▶ [RECORDS FOR THE TASK]:
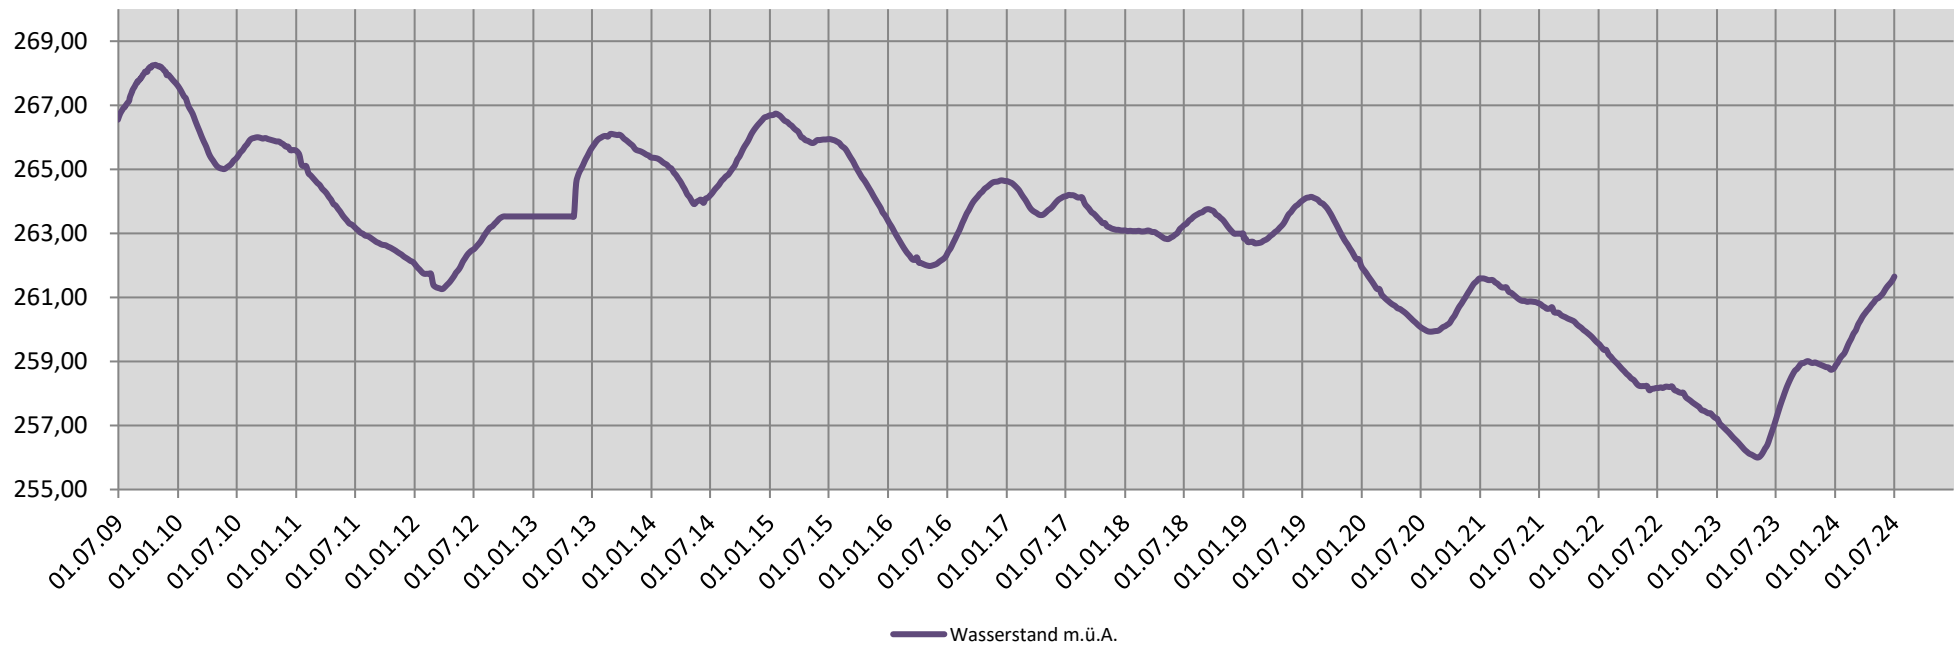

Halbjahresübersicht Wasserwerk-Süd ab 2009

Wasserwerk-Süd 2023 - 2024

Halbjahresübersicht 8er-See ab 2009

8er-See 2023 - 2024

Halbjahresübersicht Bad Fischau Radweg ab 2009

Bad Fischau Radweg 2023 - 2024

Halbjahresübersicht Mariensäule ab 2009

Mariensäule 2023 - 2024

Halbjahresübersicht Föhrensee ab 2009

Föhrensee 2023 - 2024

---

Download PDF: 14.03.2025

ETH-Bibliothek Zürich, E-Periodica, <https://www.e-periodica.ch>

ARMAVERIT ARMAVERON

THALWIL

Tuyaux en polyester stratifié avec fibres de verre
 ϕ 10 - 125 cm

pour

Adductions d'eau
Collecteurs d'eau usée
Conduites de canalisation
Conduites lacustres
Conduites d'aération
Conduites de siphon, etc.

▶ [TRY IT]:
What you give back should be exactly the lines of the data above from the line with "Halbjahresübersicht Wasserwerk-Süd ab 2009" through the line with "Föhrensee 2023 - 2024", both of those included, and nothing more.

▶ [TASK SOLUTION]:
Halbjahresübersicht Wasserwerk-Süd ab 2009

Wasserwerk-Süd 2023 - 2024

Halbjahresübersicht 8er-See ab 2009

8er-See 2023 - 2024

Halbjahresübersicht Bad Fischau Radweg ab 2009

Bad Fischau Radweg 2023 - 2024

Halbjahresübersicht Mariensäule ab 2009

Mariensäule 2023 - 2024

Halbjahresübersicht Föhrensee ab 2009

Föhrensee 2023 - 2024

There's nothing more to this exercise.